The Columbia area has already seen a sweeping response to the health threat posed by the coronavirus. Now the city has started work on responding to the economic fallout of that response
Columbia City Council held a special called meeting on Friday — via video conference — to discuss an economic sustainability plan.
Mayor Steve Benjamin said the city is considering $6 million in additional spending in response to the pandemic.
That includes $500,000 set aside for a loan program for small businesses struggling through the pandemic. The program would be open to locally-owned businesses within the city limits that have 100 employees or less. Another $500,000 would be set aside for local non-profits that can help respond to the crisis.
The city would also set aside $1 million for a loan-loss revenue fund. Local banks will be asked to match that funding to support local businesses, with the city’s million acting as a “backstop” for any losses on those loans.
Another $3 million will go to the city’s public responders. That includes a $2 million boost to the Columbia Police Department for recruiting and retention. Another $1 million would support Columbia Fire, 911 and emergency management.
Benjamin called the plan a combined response to the crisis. It includes $250,000 for Senior Resources to feed around 1,000 needy seniors in the Columbia area, using food from local restaurants and caterers.
“In a hurricane, every community would load up a truck to help out,” Benjamin said. “But we’re in a 50-state natural disaster. Everybody is affected…. We need to create an inward facing economy as much as we can.”
Council gave its preliminary approval to the plan on Friday, with another meeting to flesh out the details expected early next week.
The economic impact of the coronavirus outbreak has been at least as profound as the health implications. Bars and restaurants across the state have been forced to close or switch to a take-out or delivery-only method of operation. In Columbia, a state of emergency requires businesses to reduce capacity by 50%, and a citywide curfew is stopping people from going out late at night.
The affects of all these changes was immediate. The popular Home Team BBQ restaurant announced it was indefinitely closing all five of its locations, including one that opened in Columbia’s Five Points last year, and laying off all 400 of its employees. In Charleston, 1,600 workers were laid off across the hospitality industry this week.
Others hope to see a more direct response to people’s economic needs during a virtual economic shutdown.
Orgul Ozturk, an economics professor at the University of South Carolina’s Moore School of Business, reached out to Columbia Mayor Steve Benjamin with a raft of proposed responses to the crisis brainstormed by the university’s economics professors.

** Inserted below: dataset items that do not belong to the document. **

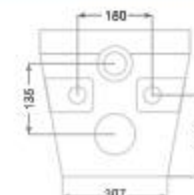

Name of Product	Length mm	Width mm	Height mm
Maya Top Counter 45	455	255	123

Name of Product	Length mm	Width mm	Height mm
Katia Top Counter 49	488	423	147

Name of Product	Length mm	Width mm	Height mm
Delta Top Counter 36	360	360	120

Name of Product	Length mm	Width mm	Height mm
Diana Top Counter 40	404	404	137

Name of Product	Length mm	Width mm	Height mm
Silvia Top Counter 50	498	340	172

Name of Product	Length mm	Width mm	Height mm
Romina Top Counter 52	520	355	152

Santa (Wash Down - Rinless)

سانتا (سیستم تخلیه آبشاری بدون ریم)

Name of Product	Length mm	Width mm	Height mm
Santa Wall Hung	530	370	339

Katia 56 (Wash Down)

کاتیا ۵۶ (سیستم تخلیه آبشاری)

Name of Product	Length mm	Width mm	Height mm
Katia Wall Hung Water Closet 56	555	390	395

Name of Product	Length mm	Width mm	Height mm
Despina Wall Hung Water Closet 49	489	362	355

Name of Product	Length mm	Width mm	Height mm
Caprice Wall Hung Water Closet 54	536	375	330

Name of Product	Length mm	Width mm	Height mm
Mega Wall Hung Water Closet 57	565	375	368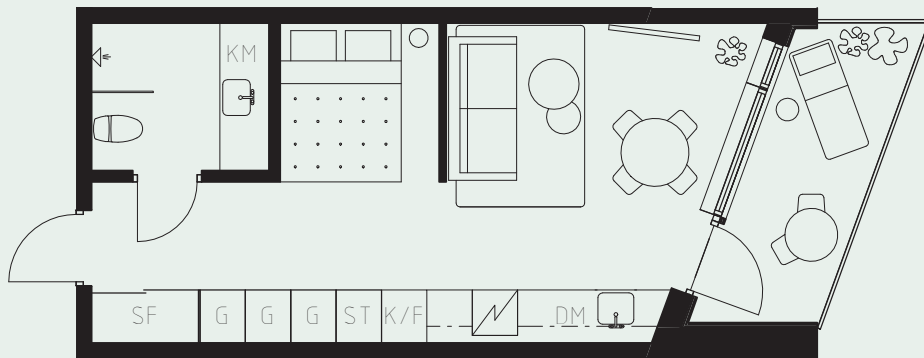

LÄGENHETSNUMMER: 1412

LÄGENHETSTYP: B5

STUDIO - 35 KVM

7 KVM BALKONG

LÖS INREDNING INGÅR EJ. VISSA AVVIKELSER KAN FÖREKOMMA.
TEKNISKA INSTALLATIONER VISAS EJ PÅ RITNING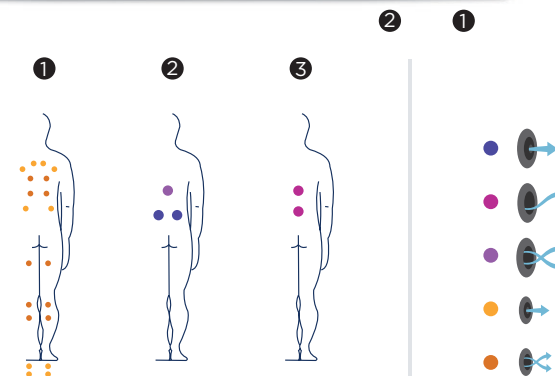

SWIMSPA AMAZON

De Amazon is een indrukwekkend zwembad, ontworpen voor het beoefenen van sport, met een hydrotherapiezone voor drie personen.

De hydromassagezone bestaat uit één ligplaats en twee zitplaatsen die ergonomisch zijn ontworpen voor een maximum aan comfort.

De zwemzone heeft brede treden en 3 roestvrijstalen stangen voor een optimale toegankelijkheid.

Vijf turbojets genereren een waterstroom zodat gebruikers tegen de stroom in kunnen zwemmen en zo aan hun conditie kunnen werken.

Posities: 3 (2 / 1)

Afmetingen: 500 x 230 x 138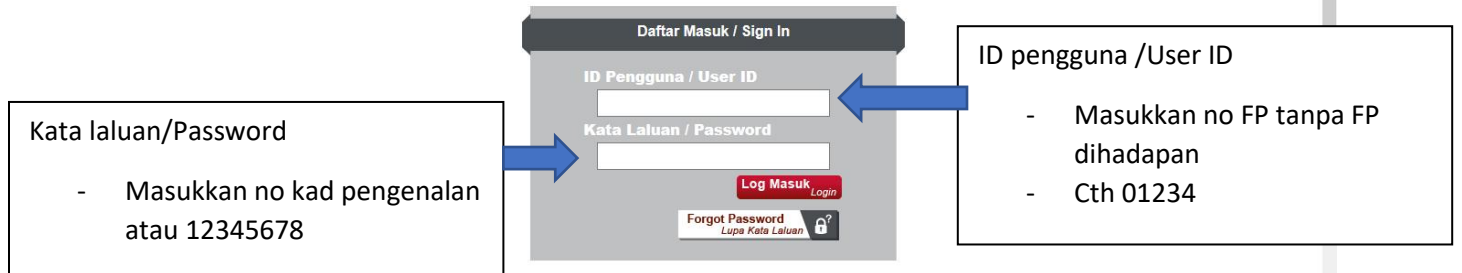

MANUAL LOGIN DAN LOGOUT SPMP

ALAMAT : smpkb.kptm.edu.my/portal

PERLU DI INGATKAN JIKA PENGGUNA TIDAK LOGOUT DENGAN BETUL 1 POPUP WARNING AKAN KELUAR DAN INTERFACE DAFTAR MASUK DITUKARKAN KEPADA PENGESAHAN NO KAD PENGENALAN

Sistem Pengurusan
MAKLUMAT PELAJAR (SPMP), KPTM
Student Information Management System

Kata Laluan/Password
- Masukkan password

Daftar Masuk / Sign In

No. Pengenalan / Identification No.

Kata Laluan / Password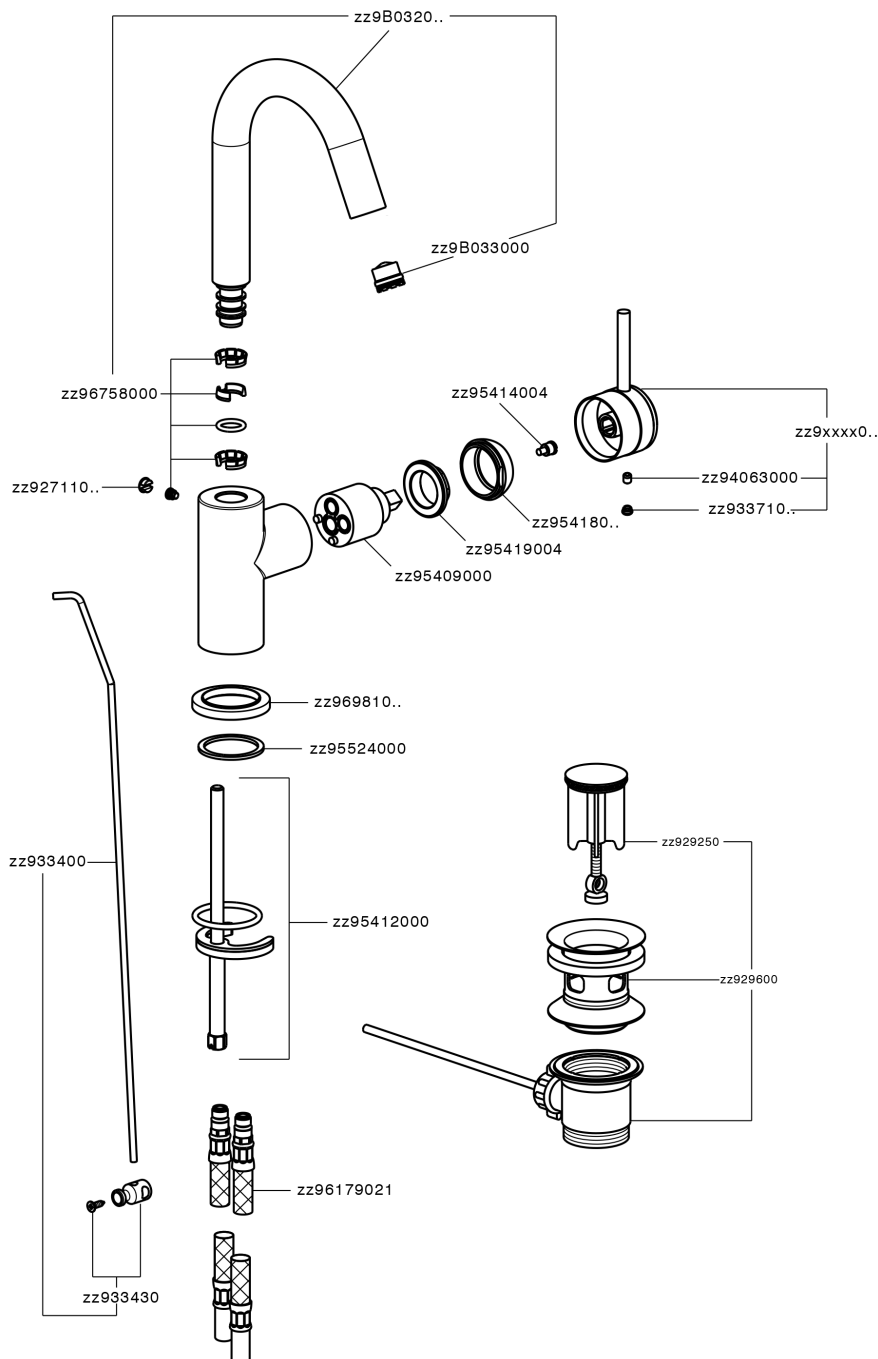

Miscelatore monocomando lavabo EnergySave CHRONOS_CR000475

CR000475

<http://www.huberitalia.com/miscelatore-monocomando-lavabo-energysave-chronos-cr000475>

2024-12-22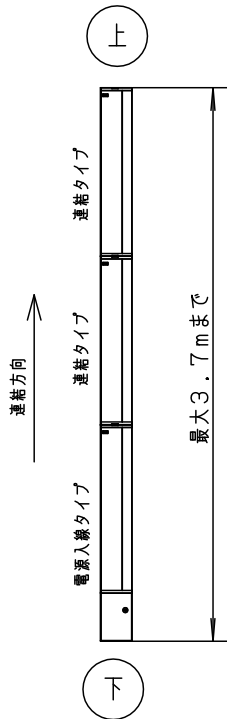

⚠ 注意：商品には寿命があります。詳細はCLX2021AAをご参照ください。

連結取付について

水平方向に連結する場合

送り容量により、連結する台数に制限があります。必ず、1回路あたり、1.2A以下としてください。

縦（斜め）方向に連結する場合

連結長さや連結方向に制限があります。

連結長さは、3.7mまでとしてください。

電源入線タイプを下側に配置し、連結タイプは上方に配置してください。

- 器具を曲状に配置する場合は、中継ケーブル：LGK12040（別売）をご用意ください。

本図面は3枚1組です。3/3

品番
施工説明書
LGB50872LE1

生産終了品

本器具は製造できません

パナソニック株式会社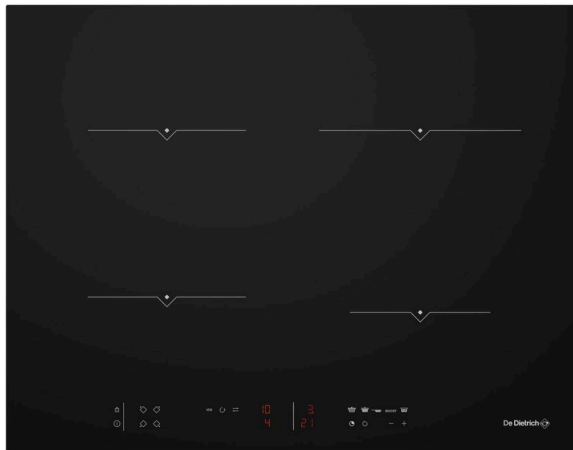

## Induktions-Kochfeld De Dietrich ▲ - DPI 7650 B

Fr. 1'190.-

Inkl. MwSt. / ohne vRB Fr. 2.49

**Beschreibung**

<b>Anwendung</b>	Haushalt
<b>Stand/Einbau</b>	Einbaugerät
<b>Farbe</b>	Schwarz
<b>Steuerung</b>	elektronische Steuerung; digital
<b>Anzahl Einstellungsstufen</b>	20
<b>Display</b>	Digitale Bedienung mit roten LED's
<b>Sicherheit</b>	Ja; 10 Sicherheits-Features: Überhitzungsschutz, Überlaufschutz, Bedienungssperre, Restwärmeanzeige, Auto-Stopp-System, Kochgeschirr-Erkennung, Grössenerkennung, Spannungserkennung, Fehlanschlusserkennung, Überspannungserkennung
<b>Anzahl Kochzonen</b>	4
<b>Art der Kochzone</b>	Induktion
<b>Beschreibung Kochzone</b>	4 unabhängigen Induktionszonen HILL: Ø 180 2800W VOLI: Ø 180 2800W HIRE: Ø 230 3100W VORE: Ø 160 2000W
<b>Automatische Programme</b>	Ja
<b>Sonderprogramme</b>	4 Direktwahlen

**Beschreibung Funktionen**

Elapsed Time: Anzeige der vergangenen Kochzeit; BOIL: Beherrschtes Sieden; Recall: Speicher der letzten Einstellungen nach Stromausfall; ICS: Vorschlag der idealen Kochzone für die entsprechende Pfanne; Booster: Direkter Zugriff auf Maximalleistung; 4 unabhängige Booster; 4 unabhängige Timer bis 99 Min.; Verriegelungsfunktion für die Reinigung

Induktions-Kochfeld De Dietrich ▲ - DPI 7650 B

Radius Glas mm Vorne: 3, Hinten: 3

EAN

3660767962217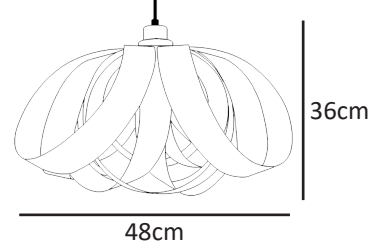

Ambalaj ölçü ve ağırlık
Kutu 60x60x42cm Kutulu ağırlık 2950gr.

TOCHI PAPIRUS SARKIT kayın

İshi tarafından tasarlanan Papirus ile ahşabın sıcaklığını ve keyfini birlikte yaşayın.

Uygulama
İç Mekan

Montaj Tipi
Yüzey

Duy Tipi
E27, 1xLed E27 (Ampulsüz verilir)

Ahşap detaylar doğal yağ ile renklendirilmiştir.

M Ölçüler

Işık Dağılımı

Ürün Ağırlığı
M- 872gr.
L - 1120gr.

Ambalaj ölçü ve ağırlık
45x45x38cm Paket 3390gr.
60x60x42cm Paket 2800gr.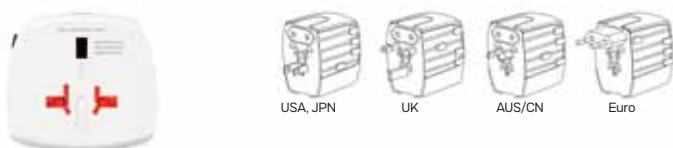

MUV Micro 38.194.90

PUTNI MULTIADAPTER
Ulaz: AC 100-240V Izlaz: kompatibilno sa EU, AU, UK, US utikačima
Dimenzija: 6.5 x 5.5 x 6.2 cm Pakovanje: 50/1
Preporučena štampa: tampon, digitalna štampa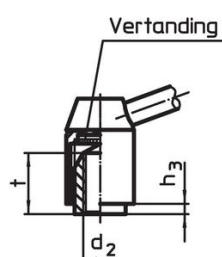

Kogelknop

- kunststof (PF 31), zwart, DIN 319

Werking

Door heffen van de hefboom wordt de vertanding vrijgegeven. De hefboom wordt via de vertanding gepositioneerd. Het draadeind kan vervangen worden. Na het loslaten klikt de vertanding erin.

Meer informatie

Opmerkingen

Het schroefdraad kan verwisseld worden.

Tekening

Afbeelding 1

Afbeelding 2

Bestelinformatie

Afmetingen											[g]	Artikelnr.
d ₁	d ₂	d ₃	d ₄	d ₅	h ₁	h ₂	h ₃	l	t	min.		
[mm]												
met draadbus – Afbeelding 1, Staal												
40	M20	30	14	35	68	5,5	6	138	36		599	24440.0502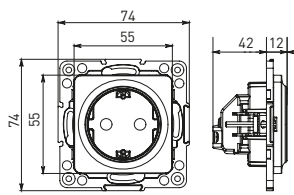

Изображение	Наименование	Габариты (ВхШ), мм	Масса нетто, кг	Артикул					
				Цвет линии рамки					
				Белый	Зеленый	Красный	Черный	Шампань	Металлическая черная
	Рамка 3-местная	22,4x8,1x0,6	0,034	EZM-G-302-20	EAM-G-302-10	EAM-G-304-10	EZM-G-304-20	EAM-G-302-20	EZM-G-304-10
	Рамка 4-местная	29x8,1x0,6	0,045	EZM-G-303-20	EAM-G-303-10	EAM-G-305-10	EZM-G-305-20	EAM-G-303-20	EZM-G-305-10
	Рамка для розетки 2-местная	82x100x8	0,025	EYM-G-304-10	EYM-G-302-20	EYM-G-304-20	EYM-G-303-20	EYM-G-305-20	-

*Рамки совместимы только с механизмами данной серии.

ТЕХНИЧЕСКИЕ ХАРАКТЕРИСТИКИ

Параметры	Значения	
	выключатели	розетки
Способ монтажа	Скрытая установка	
Цвет	Белый, черный	
Материал корпуса	Поликарбонат	
Материал основания	Негорючий пластик	
Степень защиты	IP 20	
Номинальный ток, А	10	10, 16
Степень защиты	IP20	
Номинальное напряжение, В	230	

Габаритные и установочные размеры

Рис. 1

Рис. 2

Рис. 3

Рис. 4

Рис. 5

Рис. 6

Рис. 7

Рис. 8

Рис. 9

Рис. 10

Рис. 9

Рис. 10

Рис. 11

Рис. 11

Рис. 12

“I talked to Mayor Benjamin and it sounded like some were already in works, like not enforcing utility bills in the water department,” Ozturk said.
The city has stopped turning off residents’ water and sewer service, citing the need to regularly wash hands to avoid spreading the coronavirus.
The proposals from Ozturk and her colleagues include some ambitious ideas. Economists want the government to mail a check to everyone who has filed a tax return in the last two years for the duration of the crisis — an idea that the federal government is considering. President Donald Trump’s administration has proposed sending many Americans $2,000 each. Congress has also passed legislation specifically targeting businesses with less than 500 employees.
The economists’ proposals also call for tax breaks for landlords who defer rent payments for low-income residents; enhanced, easily available benefits for the unemployed or under-employed; and a jobs plan for those in need of work, preferably projects that require temporary labor with little person-to-person interaction.
Ozturk acknowledges federal or state action would be required for many of the proposals to take effect.
“It’s not going to come tomorrow, but if people are already losing jobs, they don’t have time to wait,” she said.
The city’s budget could also take a hit, as business license revenue and hospitality tax could drop off because of the crisis. Benjamin said the city would waive hospitality tax and community development fee collection through June 2020, to alleviate the impact on local businesses. Business license payments will be postponed until May 15.
The city will also increase the number of laptops needed for city employees to work from home.
The money will be transferred from the water and sewer fund to the city’s general fund.